RECORDS TO USE.
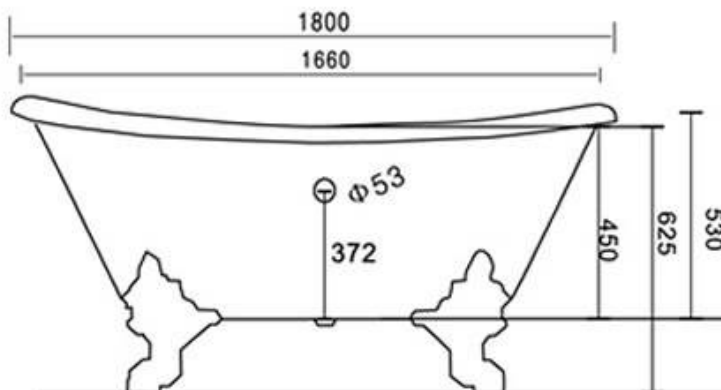

419-006-23

VALURAUTA-AMME MILAN

PIT. 183 CM

DOMUSCLASSICACOLLECTION ©

DOMUSCLASSICA®

TIEDUSTELUT JA TILAUKSET: DOMUS@DOMUSCLASSICA.COM | P. 0400 23 24 25 (MA-TO 9-15) | WWW.DOMUSCLASSICA.FI

*) HINNAT SISÄLTÄVÄT ARVONLISÄVEROA 24 %, TILAUSTUOTTEISSAMME RAHTI LASKUTETAAN ERIKSEEN.
DOMUS CLASSICA OY VARAA OIKEUDEN HINTA- JA TUOTETIETOMUUTOKSIIN.

EXERCISE DETAILS.
Starting from the line containing "RAHTI LASKUTETAAN ERIKSEEN." and ending with the final line of the data, reproduce each line exactly as it appears, including no other lines.

WRITTEN ANSWER.
*) HINNAT SISÄLTÄVÄT ARVONLISÄVEROA 24 %, TILAUSTUOTTEISSAMME RAHTI LASKUTETAAN ERIKSEEN.
DOMUS CLASSICA OY VARAA OIKEUDEN HINTA- JA TUOTETIETOMUUTOKSIIN.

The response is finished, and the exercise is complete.